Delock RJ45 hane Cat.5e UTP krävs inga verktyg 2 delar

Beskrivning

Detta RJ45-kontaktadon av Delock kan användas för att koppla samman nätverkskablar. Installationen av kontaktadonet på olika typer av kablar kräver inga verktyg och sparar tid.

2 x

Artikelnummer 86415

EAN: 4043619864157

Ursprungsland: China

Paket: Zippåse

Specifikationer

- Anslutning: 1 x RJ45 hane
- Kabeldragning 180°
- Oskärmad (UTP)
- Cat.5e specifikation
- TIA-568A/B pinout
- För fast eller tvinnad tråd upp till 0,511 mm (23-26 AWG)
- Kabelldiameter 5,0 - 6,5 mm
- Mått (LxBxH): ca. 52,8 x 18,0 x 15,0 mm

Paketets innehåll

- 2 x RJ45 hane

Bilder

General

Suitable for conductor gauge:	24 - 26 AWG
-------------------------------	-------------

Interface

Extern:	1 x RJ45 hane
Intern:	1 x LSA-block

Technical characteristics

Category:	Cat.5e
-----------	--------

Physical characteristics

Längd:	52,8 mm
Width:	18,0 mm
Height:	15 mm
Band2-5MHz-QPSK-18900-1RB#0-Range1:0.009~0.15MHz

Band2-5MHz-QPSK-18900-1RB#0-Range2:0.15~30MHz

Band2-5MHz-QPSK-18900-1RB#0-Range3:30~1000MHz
____
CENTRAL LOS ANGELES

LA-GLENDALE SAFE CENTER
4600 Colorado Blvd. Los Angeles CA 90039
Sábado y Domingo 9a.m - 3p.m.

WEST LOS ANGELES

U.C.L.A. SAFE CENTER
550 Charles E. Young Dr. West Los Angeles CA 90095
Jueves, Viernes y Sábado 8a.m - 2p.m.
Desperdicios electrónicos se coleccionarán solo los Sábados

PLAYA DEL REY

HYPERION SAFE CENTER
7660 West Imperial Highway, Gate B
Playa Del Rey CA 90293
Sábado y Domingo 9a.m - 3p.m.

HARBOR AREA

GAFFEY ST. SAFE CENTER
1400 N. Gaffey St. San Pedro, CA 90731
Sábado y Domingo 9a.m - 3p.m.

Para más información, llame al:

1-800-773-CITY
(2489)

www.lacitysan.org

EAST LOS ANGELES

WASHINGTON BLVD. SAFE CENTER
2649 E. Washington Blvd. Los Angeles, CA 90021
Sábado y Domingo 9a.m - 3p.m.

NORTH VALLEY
____
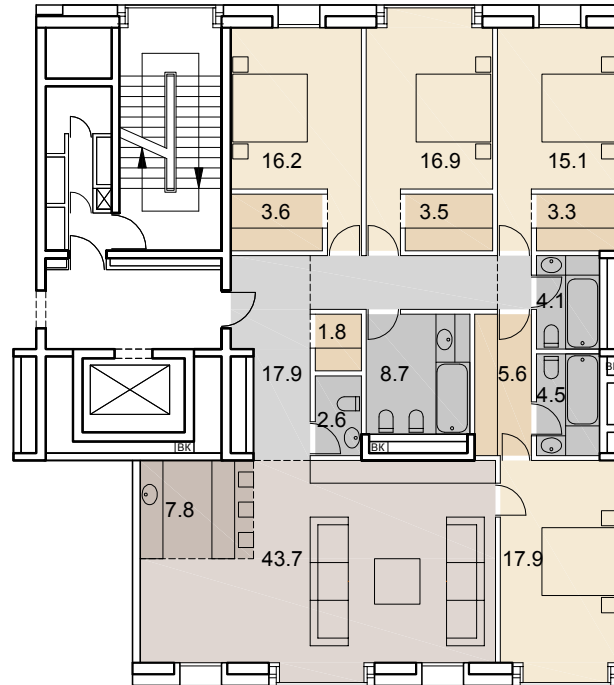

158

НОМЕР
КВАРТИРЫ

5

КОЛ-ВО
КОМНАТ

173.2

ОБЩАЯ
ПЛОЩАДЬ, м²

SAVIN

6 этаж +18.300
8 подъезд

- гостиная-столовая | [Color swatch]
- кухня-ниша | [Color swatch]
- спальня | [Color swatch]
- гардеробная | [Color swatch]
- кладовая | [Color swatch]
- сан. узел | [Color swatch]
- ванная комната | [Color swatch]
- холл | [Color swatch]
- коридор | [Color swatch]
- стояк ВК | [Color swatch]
____
• **Problem requirements**: Bring together each line above where the string "Delock" turns up.

• **Result for this exercise**:
Delock RJ45 hane Cat.5e UTP krävs inga verktyg 2 delar
Detta RJ45-kontaktadon av Delock kan användas för att koppla samman nätverkskablar. Installationen av kontaktadonet på olika typer av kablar kräver inga verktyg och sparar tid.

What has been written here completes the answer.